Thursday, February 11, 2021

Review: Cherries in Winter by Suzan Colòn

When the recession of 2008 hit, we were moving from one state to another for a job change. It was hard but we were lucky. Although we lost a lot of money selling our house, financially we were okay and still had a paycheck coming in. Suzan Colòn, a writer and journalist, was laid off from her job, having to rely on sporadic freelancing and her partner's paycheck. This pushed her to be more frugal and thoughtful in her purchases, especially groceries, and Cherries in Winter is her memoir of that time, of looking back at the recipes her family has loved and used in previous lean times and of finding a way to push through and find hope for the future.

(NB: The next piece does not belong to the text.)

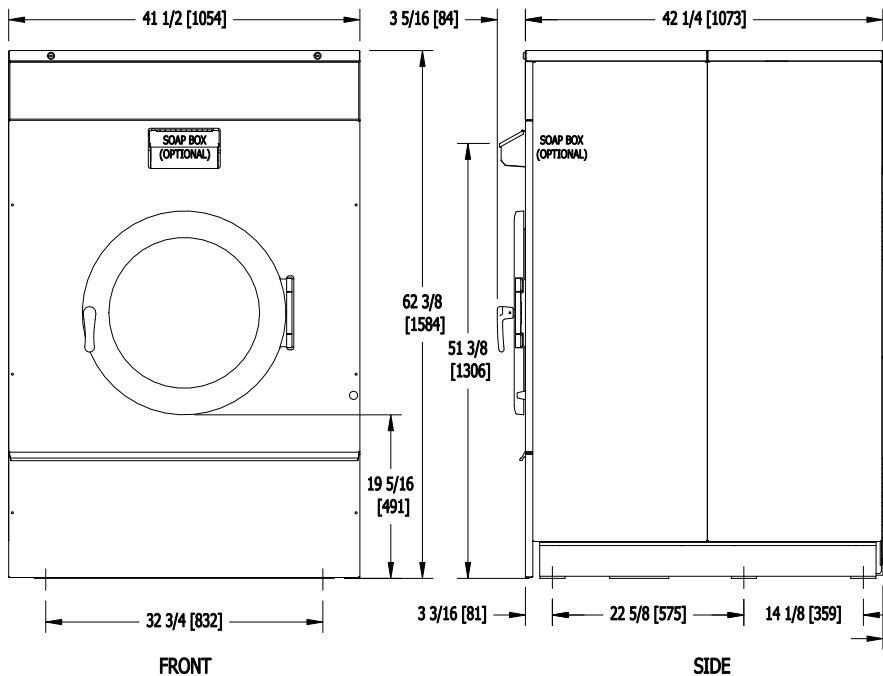

**T-1475 INDUSTRIAL WASHERS
MOUNTING DIMENSIONS**

**T-1475 OPL
WASHER
CAD BLOCKS**

Colòn goes through her grandmother's recipes, using them to economize even as she bemoans the loss of the ability to shop in an expensive grocery store and to buy whatever struck her fancy without considering the cost and that cost's impact on her weekly bottom line. Buying whatever she wanted was a sign that she'd moved beyond her family's long history of living paycheck to paycheck and the need to stretch their meals as far as possible. So when she lost that ability, it was hard for her to accept. But as she cooked the economical recipes from her great-grandmother, grandmother, and mother, she learned not only how to make it through but also about the strong, resilient women from whom she came. The dishes she recreates, some not entirely faithfully, come with family stories attached and there is wisdom imparted along with the stories and food. She weaves tales from her own life and from the women who came before her into the almost diary like narrative. It is possible to see Colon's magazine background in the spare, straightforward writing. Each chapter is started with a recipe or a snippet from her grandmother's column that leads her down memory lane as well as into her current situation. She is undoubtedly privileged and far from destitute, which will make her unhappiness with her situation tough for some to stomach (a little pun to lighten the mood), but she's honest about the difficulty she faces and the reason why it takes such an emotional toll on her. This is a very quick read. The family stories are heartfelt and illustrative; it was nice to see Colòn realize what is most important in her life, and it's surely not where she can afford to buy her groceries.